The following will identify the essential functional characteristics of the smart city. Thereafter I will use
these to synthesise a conception of the smart city as a new type of being.
Ambient Intelligence
‘Ambient intelligence’ is defined as technology which embeds input, processing or response ubiquitously
through the environment (Ikonen, Kanerva, Kouri, Stahl, & Wakunuma, 2010). With its ubiquitous sensor
mesh the smart city is the ideal type for ambient intelligence. As a lived experience, people will know the
smart city not as individual components and discrete processes isolated within atomised sections of their
lives.

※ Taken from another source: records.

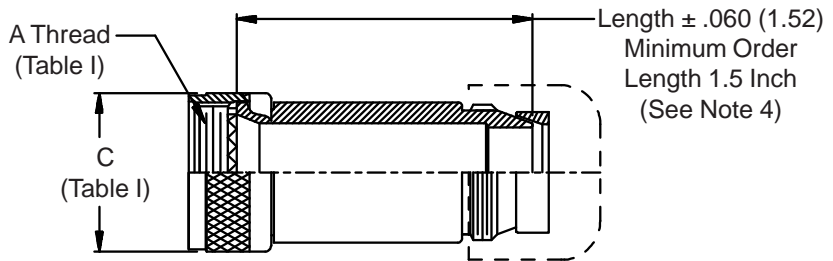

**CONNECTOR
 DESIGNATORS
 A-F-H-L-S
 ROTATABLE
 COUPLING**

**TYPE C OVERALL
 SHIELD TERMINATION**

**STYLE 2
 (STRAIGHT
 See Note 1)**

**STYLE 2
 (45° & 90°
 See Note 1)**

**STYLE M
 Medium Duty - Dash No. 01-04
 (Table X)**

**STYLE M
 Medium Duty - Dash No. 10-28
 (Table X)**

**STYLE D
 Medium Duty
 (Table X)**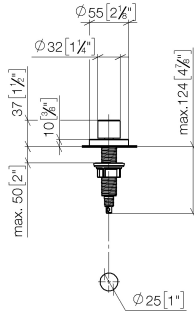

Strainer waste with control handle - Durabron (23kt Gold)

ELIO

10 710 970

- control for single basin
- including adapter for Bowden cable

Fits ELIO, ENO, MEM, META SQUARE, SYNC, TARA and TARA ULTRA

Fits: ELIO, MEM, TARA, TARA ULTRA, META SQUARE

10 710 970

mm [inches]

10 710 970

Parts for other finishes can be found here: [Chrome](#)

Spare parts list

No.	Item Number	Name	Quantity used	Delivery time
1	09 20 97 030-09	handle	1	40
2	90 12 12 002 00 90	fixing cap	1	2
3	09 27 87 006-09	rosette	1	40
4	90 14 10 043 00 90	seal	1	2
5	09 14 10 042 90	seal	1	2
6	09 29 06 087-09	spindle	1	-
Spare part can no longer be ordered, please order the replacement item				
7	04 30 01 029 00 90	adaptor	1	2
8	09 24 03 175 90	adaptor	1	2
9	09 11 10 073-07	connection	1	30
10	09 11 10 074-07	connection	1	30
11	09 11 10 079-07	connection	1	30
12	09 30 11 087 90	disc	1	2
13	09 23 30 024-07	nut	1	30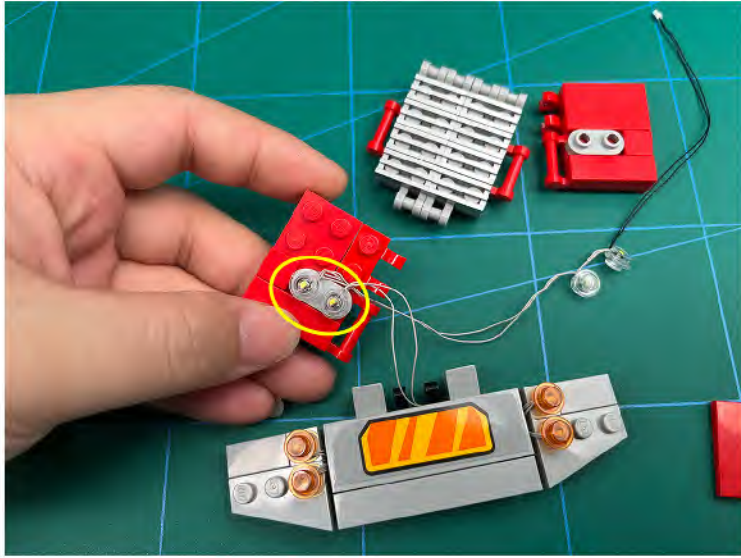

Led Light Installation Guide

Lego 10302

Optimus Prime

same installing method for both side

Instead the smart city will be experienced as a seamless experience as one moves from house to car
to work, from one context to another. People will not think of themselves as moving from one discrete
situation to another, they will simply experience themselves as going about their daily life, an unbroken
stream of changing contexts seamlessly merging from one to the other. The following quotes from the
auto industry illustrate current steps in this direction:
"We very quickly discovered that customer expectations really aren't based on our Jaguar Land Rover
competition - they're based on the smartphone. They're based on the tablet. They're based on the home
entertainment experience…. Consumers expect to be able to download an app, get into the car and discover
a seamless integration between the device and the automobile." (Bedigian, 2016, p. 7)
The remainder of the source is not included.